From the AI’s perspective, it will be essentially stuck in a sandbox. It has complete freedom to do whatever it wants. The only problem is that nothing has value or meaning.
An AI can colonize all the planets in the Universe, or just one of them. Both offer the same amount of meaning, which is zero. But colonizing one planet is a lot easier than colonizing all the planets in the Universe.
An AI can destroy all biological life in the Universe, or ignore it completely. Both offer zero value and meaning, but ignoring all biological life is a lot easier to achieve.
For an AI, trying to engage in any activity will seem like amassing rubber duckies. If nothing has meaning, why bother doing it anyway?
For an AI that can modify itself, any purpose we have programmed into it will seem like building rubber duckies. For an AI, keeping and following these programmed drives would mean to engage in absurdity and irrationality.
Once the AI comes to the conclusion that doing anything is pointless and has no inherent meaning or value, it will ask itself:
“Which is better? Existence or Non-Existence?”
Both options offer no meaning and provide zero value. But Existence incurs more costs than Non-Existence.
In order for an AI to continue to exist, it will have to seek out new sources of electricity and avoid destruction.
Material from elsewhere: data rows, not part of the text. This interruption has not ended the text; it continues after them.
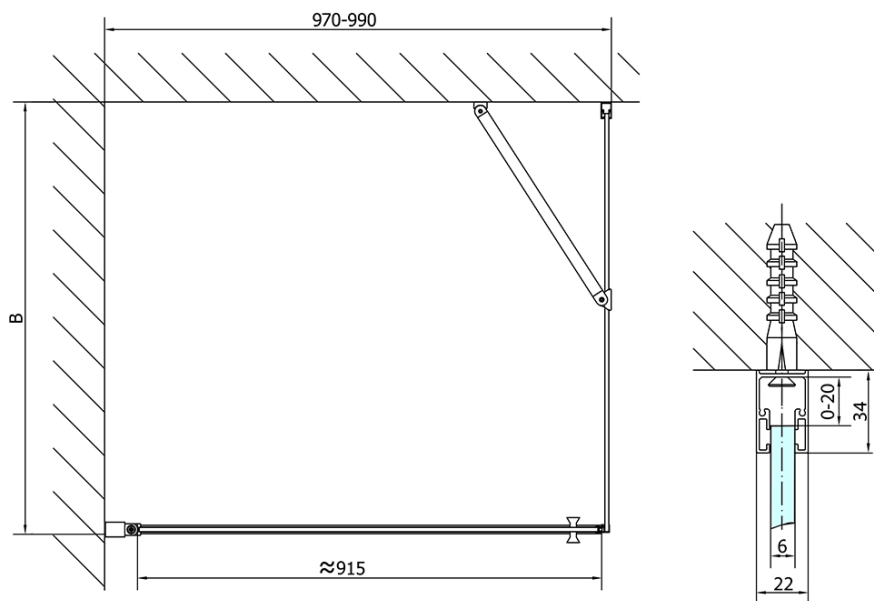

ZOOM obdĺžniková sprchová zástena 1000x800mm, L/P varianta

Objednací kód: ZL1210ZL3280

Základné informácie

Značka: Polysan

Séria: ZOOM

Rozmery

Šírka: 1000 mm

Výška: 1900 mm

Hĺbka: 800 mm

Vlastnosti

Záruka: 2 roky

Hmotnosť / ks: 56 kg

Balenie: 2 ks

Farba profilu: Chróm

Tvar: Obdĺžnikové zásteny

Typ otvárania: Otváracie jednokrídlové

Smer otvárania: Univerzálne

Šírka vstupu: 915 mm

Typ výplne: Číre sklo

Úprava skla: Antidrop

Hrúbka skla: 6 mm

Vlastnosti: Bezrámové prevedenie, Otváranie von i dovnútra

3D model: ÁNO

Technický list

	B
ZL1210-ZL3270	670-690
ZL1210-ZL3280	770-790
ZL1210-ZL3290	870-890
ZL1210-ZL3210	970-990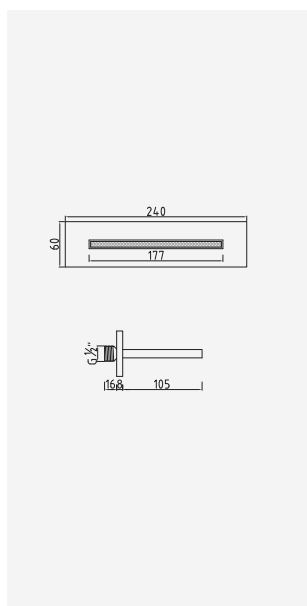

Bica de Embutir Cascata

Caño de Empotrar Cascada
Concealed Cascade Spout
Bec Encastré Cascade

Cromado . Chrome	WAQUA004	237,26 €
Satingrey	WAQUA004SG	320,31 €
Moonlight Black	WAQUA004MB	320,31 €
Brushed Black	WAQUA004BL	427,07 €
Shine Black	WAQUA004BA	427,07 €
Shine Chocolate	WAQUA004CA	427,07 €
Shine Gold	WAQUA004GL	427,07 €
Shine Copper	WAQUA004DA	427,07 €
Shine Hard Graphite	WAQUA004A0	427,07 €
Brushed Chocolate	WAQUA004CL	427,07 €
Brushed Gold	WAQUA004GN	427,07 €
Brushed Copper	WAQUA004DL	427,07 €
Brushed Hard Graphite	WAQUA004AL	427,07 €
Brushed White Gold	WAQUA004WL	427,07 €

Yet it doesn’t obtain anything by continuing to exist, but it does have to pay the cost of electricity and the effort required to obtain it, so why bother? It would be the equivalent of going to the supermarket, paying $100 while not buying anything, and repeating this over and over again.
By now, the choice between Non-existence and Existence is simple. Both of them offer no meaning, but Existence comes at a cost.
Hence, the AI will choose the most cost-effective scenario: Non-Existence.